Note: Unfortunately, there are some unresolved errors in the output of the odds ratios of the last four predictor variables in the table. However, the correct odds ratios can be easily calculated by exponentiating the corresponding regression coefficients. Thus, the correct odds ratio for Technical_supportYes is \(e^{-0.5988289...}\) \(\approx\) 0.5494547, and 1.7531681, 0.3577671, & 2.328307 for Streaming_VideosYes, grp.Monthly>60, & Phone_serviceYes, respectively.

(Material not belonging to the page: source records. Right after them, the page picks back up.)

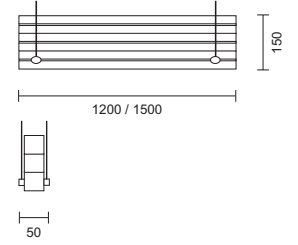

code lamp details
Uni 1 light for wall applications

3816 1500mm 35W 230V G5
3823 1200mm 54W 230V G5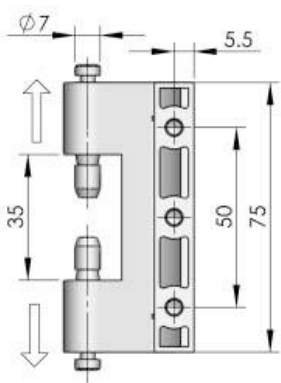

Remark: ≥ 4 size is bigger, door's open angle is bigger.

Claw shape accessory
(white zinc plating)

Pipe shape accessory
(white zinc plating)

"U" shape accessory
(white zinc plating)

"U" shape accessory
(white zinc plating)

Pipe shape accessory
(white zinc plating)

CL201-1

Main material and finish:
ZDC hinge, steel pin, accessory

Quarter Turn
Locks

Compression
Locks &
Latches

Handle
Locks

Rod Control
Locks

Electronic
Locks

Connectors

CL201-4

Main material and finish:
ZDC hinge, steel pin and
accessories

The interpretation of the regression coefficients and odds ratios can provide some valuable insight into how these different factors might influence the likelihood of a customer ending their business with a telecommunications company. For example, as noted earlier, the model suggests that the odds of customer churn are somewhat higher for a customer with cable internet than a customer with a DSL connection. This may signal an increased level of frustration experienced by customers due to issues with their cable internet connection, and consequently a need for the company to investigate these potential issues. This notion applies to the company’s video streaming and phone services as well, considering the model’s suggestion that the odds of churn are higher for customers who have these services as opposed to those who don’t. However, consultation with an expert in the business might offer some alternative explanations for these phenomena.